Une protéine capable de retarder la SLA?

24-08-2012

Par: NOBUHIKO TAJIMA/ Staff Writer

Gifu/Japon - Des chercheurs ont identifié une protéine qui pourrait retarder le développement de la Sclérose Latérale Amyotrophique, une maladie dégénérative des cellules nerveuses, qui est à l’origine de la faiblesse et de l’atrophie musculaire. L’annonce a été faite par une équipe de chercheurs de l’Université pharmacologique de Gifu, sous la direction du Hideaki Hara, professeur en pharmacologie moléculaire. Ceci pourrait déboucher sur le développement de nouveaux médicaments et d’un diagnostic anticipé. Le 13 août, les résultats de l’étude ont été publiés online sur ‘Scientific Reports’, par les scientifiques.
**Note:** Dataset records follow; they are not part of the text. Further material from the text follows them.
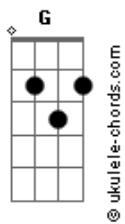

Jorge e Mateus - Do Jeito Que Tá Não Dá

tom:

G (forma dos acordes no tom de F)

Capostrate na 2ª casa

E

Hoje ninguém fala a palavra saudade

A
Eu patenteei nos dois cartórios da cidade

E
Hoje a saudade do mundo é minha

A
Exclusivamente minha

Gbm

Tô com a impressão que tem gente

A E
Olhando esquisito pra minha sacada

E7M
Essa noite chorei, regacei o volume

Gbm
No sonzin da sala

A
32 horas sem dormir

E
E você nem quis saber de nada

E

A

Do jeito que tá não dá

Pedi folga, não vou trabalhar

E
Eu nem quero sair do quarto

Hoje eu viro parte do cenário

A
Vai me deixando pra lá

Cê não cansa de me empurrar

E
Tá me dando assim de mão-beijada?

Pra qualquer pessoa interessada

Gbm A
Eu aceito tudo, porque você é meu tudo

Acordes

E
Mesmo eu sendo o seu nada

E
Hoje ninguém fala a palavra saudade

A
Eu patenteei nos dois cartórios da cidade

E
Hoje a saudade do mundo é minha

A
Exclusivamente minha

Gbm
Tô com a impressão que tem gente

A E
Olhando esquisito pra minha sacada

E7M
Essa noite chorei, regacei o volume

Gbm
No sonzin da sala

A
32 horas sem dormir

E
E você nem quis saber de nada

E A
Do jeito que tá não dá

Pedi folga, não vou trabalhar

E
Eu nem quero sair do quarto

Hoje eu viro parte do cenário

A
Vai me deixando pra lá

Cê não cansa de me empurrar

E
Tá me dando assim de mão-beijada?

Pra qualquer pessoa interessada

Gbm A
Eu aceito tudo, porque você é meu tudo

E
Mesmo eu sendo o seu nada

La protéine étudiée porte le nom de glycoprotéine transmembranaire NMB (GPNMB). Les chercheurs déclaraient avoir provoquer chez des souris une présence accrue de gènes mutés de superoxide dismutase (SOD1), un enzyme dont on croit être une des causes de la SLA. Les souris manifestaient des niveaux plus importants de GPNMB que normalement. Ensuite, on introduisait chez les souris des quantités plus élevées de GPNMB. On constatait ainsi que la SLA se développait moins vite. De plus, les rongeurs survivaient plus longtemps après la manifestation de la maladie.

Les chercheurs découvraient que des injections de GPNMB dans les nerfs moteurs affectés donnaient lieu à une amélioration du fonctionnement cellulaire. Ils déclaraient que le niveau de GPNMB présent dans le sérum sanguin et dans le liquide céphalo-rachidien était aussi sujet à une augmentation.

Ces découvertes inspiraient les chercheurs à conclure qu’il y a une relation étroite entre le taux de GPNMB et le début de la SLA et sa pathologie; ainsi que la possibilité existe que le GPNMB pourrait prévenir l’endommagement des cellules motrices nerveuses.  

Annuellement, sur 10.000 individus, la SLA touche une ou deux personnes. Au Japon, quelques 8.500 personnes sont atteintes. Jusqu'à présent, le diagnostic de la SLA ne se fait qu’après le développement de la maladie et par l’élimination d’autres maladies.

Les chercheurs espèrent élaborer un nouveau médicament. Puisque les résultats indiquent que si un taux élevé de GPNMB est confirmé chez les patients SLA, un diagnostic et un traitement anticipé seront alors possible avant la poussée complète de la maladie.